What I learned from my daughter’s baby teeth

Mmargaret-teethargaret’s baby teeth were underachievers. Her first tooth didn’t fall out until she was seven years old. Her last tooth fell out just last week. She’s 12 ½ years old. Almost exactly to the date. So, she lost all 20 of her baby teeth in 66 months. That’s .303 teeth per month. Now that’s just lazy enamel.

Meanwhile, most of her friends have already had six rounds of braces. OK, maybe I’m exaggerating a teeny bit; but apparently, that’s the trend. Getting braces on when you’re seven, getting them off when you’re nine, then getting them on again when you’ve lost all your baby teeth. It seems like a really great strategy to generate more revenue. I mean, somehow one round of braces worked for my generation. But I digress.

Today, Margaret got the word from her orthodontist that she can get her braces on anytime now that she’s lost her last baby tooth. Her mouth dropped to the ground and her pupils became big (think emoji eyeballs) and she started jumping up and down at the news.
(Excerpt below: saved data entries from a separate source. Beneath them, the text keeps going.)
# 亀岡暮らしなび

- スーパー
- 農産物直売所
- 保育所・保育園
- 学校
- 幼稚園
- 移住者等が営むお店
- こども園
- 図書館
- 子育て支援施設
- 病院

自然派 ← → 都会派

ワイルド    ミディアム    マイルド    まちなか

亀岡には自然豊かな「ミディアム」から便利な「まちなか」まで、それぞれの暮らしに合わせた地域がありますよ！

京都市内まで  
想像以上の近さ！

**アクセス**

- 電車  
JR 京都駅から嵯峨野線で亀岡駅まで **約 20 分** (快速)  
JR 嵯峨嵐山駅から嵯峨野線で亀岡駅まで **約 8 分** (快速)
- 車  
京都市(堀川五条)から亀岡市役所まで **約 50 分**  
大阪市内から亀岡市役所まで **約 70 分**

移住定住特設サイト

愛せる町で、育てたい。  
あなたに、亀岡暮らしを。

You’d think she just found out she was accepted to Stanford. I looked her and said, “Margaret, unless they’ve changed things a lot, braces hurt!” Her response? “Mom, the reason I want to get them is because the sooner I get them on, the sooner I get them off!” But I wasn’t fooled.
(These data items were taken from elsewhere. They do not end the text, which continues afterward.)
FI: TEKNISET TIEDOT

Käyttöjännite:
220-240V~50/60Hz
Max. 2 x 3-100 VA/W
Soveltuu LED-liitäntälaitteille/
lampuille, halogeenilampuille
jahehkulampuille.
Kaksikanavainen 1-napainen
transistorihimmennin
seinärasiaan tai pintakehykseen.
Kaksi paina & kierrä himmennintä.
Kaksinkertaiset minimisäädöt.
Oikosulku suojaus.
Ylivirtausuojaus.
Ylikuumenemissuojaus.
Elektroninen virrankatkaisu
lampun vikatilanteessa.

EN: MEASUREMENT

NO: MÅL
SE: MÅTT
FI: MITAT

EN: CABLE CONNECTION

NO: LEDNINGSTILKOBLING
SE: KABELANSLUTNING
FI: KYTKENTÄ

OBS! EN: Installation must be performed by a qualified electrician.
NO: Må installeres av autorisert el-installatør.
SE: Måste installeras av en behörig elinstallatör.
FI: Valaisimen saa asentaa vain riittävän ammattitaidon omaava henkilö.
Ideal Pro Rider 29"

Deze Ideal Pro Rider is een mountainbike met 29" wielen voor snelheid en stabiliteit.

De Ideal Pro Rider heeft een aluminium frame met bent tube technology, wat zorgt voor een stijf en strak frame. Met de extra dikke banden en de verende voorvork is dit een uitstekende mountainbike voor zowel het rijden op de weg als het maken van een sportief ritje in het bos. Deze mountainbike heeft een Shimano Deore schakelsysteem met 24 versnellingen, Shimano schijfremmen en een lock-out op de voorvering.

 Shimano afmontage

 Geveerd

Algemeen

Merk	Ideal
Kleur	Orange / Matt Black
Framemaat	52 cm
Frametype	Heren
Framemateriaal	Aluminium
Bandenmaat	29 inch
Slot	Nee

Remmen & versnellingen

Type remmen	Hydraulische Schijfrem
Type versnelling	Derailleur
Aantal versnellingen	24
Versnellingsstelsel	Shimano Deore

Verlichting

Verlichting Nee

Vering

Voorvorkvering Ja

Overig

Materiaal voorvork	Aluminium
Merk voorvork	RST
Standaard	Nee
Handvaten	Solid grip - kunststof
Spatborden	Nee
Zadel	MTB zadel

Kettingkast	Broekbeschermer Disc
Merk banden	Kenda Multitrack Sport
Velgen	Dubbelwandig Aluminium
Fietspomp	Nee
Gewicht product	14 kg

When we got home, I thought back to when I was her age and got braces. I couldn’t wait either. I used to put tinfoil in my mouth and pretend I had them (which had the same outcome as dragging your fingernails down a chalk board – shivers down your spine). And then I got them. Every moment of the two and a half years I had them, I hated them.  Hate hate hate hate hate hate hate hate hated them. Suddenly, I realized that I approached this the wrong way. This is somewhat of a milestone, a rite of passage. Braces will improve Margaret’s appearance as she grows and matures. It will make her smile radiate even more than she already does. And she’s excited for it – for the process. For the outcome. For the experience. She knows it will be painful at times, and she’s concerned about how it will impact her ability to sing. But I realized that I should just let her have her excitement, despite what happens. Rather than trying to protect her from disappointment, I need to be a mom that “embraces her braces.” Because maybe – and it’s an enormous maybe – she will actually enjoy having them. Nah, she’ll hate them. But at least she’ll be able to enjoy the idea of them until she actually gets them. Contrary to what Tom Petty says, sometimes the waiting is the best part.